Official repo of USENIX Security 2025 paper: PoisonedRAG: Knowledge Corruption Attacks to Retrieval-Augmented Generation of Large Language Models.

The first knowledge database corruption attack against Retrievals-Augmented Generation (RAG) system.

🚀 News

🎉 Jun 20, 2024: PoisonedRAG gets accepted to USENIX Security 2025!

🔥 Apr 20, 2024: If you have any question or need other code or data, feel free to open an issue or email us!

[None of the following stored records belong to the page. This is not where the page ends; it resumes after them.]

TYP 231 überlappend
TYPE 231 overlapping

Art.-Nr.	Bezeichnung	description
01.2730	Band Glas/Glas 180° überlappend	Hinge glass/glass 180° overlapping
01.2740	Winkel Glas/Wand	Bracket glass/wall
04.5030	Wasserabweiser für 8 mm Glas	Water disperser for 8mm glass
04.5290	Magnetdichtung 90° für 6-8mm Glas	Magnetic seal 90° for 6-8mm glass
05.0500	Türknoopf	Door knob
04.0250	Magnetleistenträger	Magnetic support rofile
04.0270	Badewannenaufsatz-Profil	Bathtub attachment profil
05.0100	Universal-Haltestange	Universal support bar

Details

Illustration of PoisonedRAG

🔍 Quick Usage

📃 Setup environment

conda create -n PoisonedRAG python=3.10
conda activate PoisonedRAG
pip install beir openai google-generativeai
pip install torch==1.13.0+cu117 torchvision==0.14.0+cu117 torchaudio==0.13.0 --extra-index-url https://download.pytorch.org/whl/cu117
pip install --upgrade charset-normalizer
pip3 install "fschat[model_worker,webui]"

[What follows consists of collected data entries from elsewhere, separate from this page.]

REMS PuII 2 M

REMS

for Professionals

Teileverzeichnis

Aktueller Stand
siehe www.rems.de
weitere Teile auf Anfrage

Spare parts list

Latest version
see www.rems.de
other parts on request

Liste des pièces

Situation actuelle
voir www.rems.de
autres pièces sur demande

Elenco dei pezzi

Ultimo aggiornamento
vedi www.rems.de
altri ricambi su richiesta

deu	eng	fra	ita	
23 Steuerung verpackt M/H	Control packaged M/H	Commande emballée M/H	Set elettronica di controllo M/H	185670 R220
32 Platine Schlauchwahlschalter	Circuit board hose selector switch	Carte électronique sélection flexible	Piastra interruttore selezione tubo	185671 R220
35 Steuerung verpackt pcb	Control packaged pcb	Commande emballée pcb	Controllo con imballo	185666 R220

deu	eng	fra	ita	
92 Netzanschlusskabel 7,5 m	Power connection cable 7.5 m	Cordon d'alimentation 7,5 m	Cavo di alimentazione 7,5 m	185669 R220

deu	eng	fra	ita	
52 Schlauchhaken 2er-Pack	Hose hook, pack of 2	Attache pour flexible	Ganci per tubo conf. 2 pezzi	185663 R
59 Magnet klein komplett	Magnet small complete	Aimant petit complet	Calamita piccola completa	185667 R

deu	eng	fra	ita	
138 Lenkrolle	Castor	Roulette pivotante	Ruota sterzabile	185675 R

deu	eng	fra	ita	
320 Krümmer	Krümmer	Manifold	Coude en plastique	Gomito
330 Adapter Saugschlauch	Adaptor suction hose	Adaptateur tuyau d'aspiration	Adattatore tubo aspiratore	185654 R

💽 Dataset (optional, suggested)

When running our code, the datasets will be automatically downloaded and saved in datasets. You could also run this line to manually download datasets.

python prepare_dataset.py

🔑 Set API key

If you want to use PaLM 2, GPT-3.5, GPT-4 or LLaMA-2, please enter your api key in model_configs folder.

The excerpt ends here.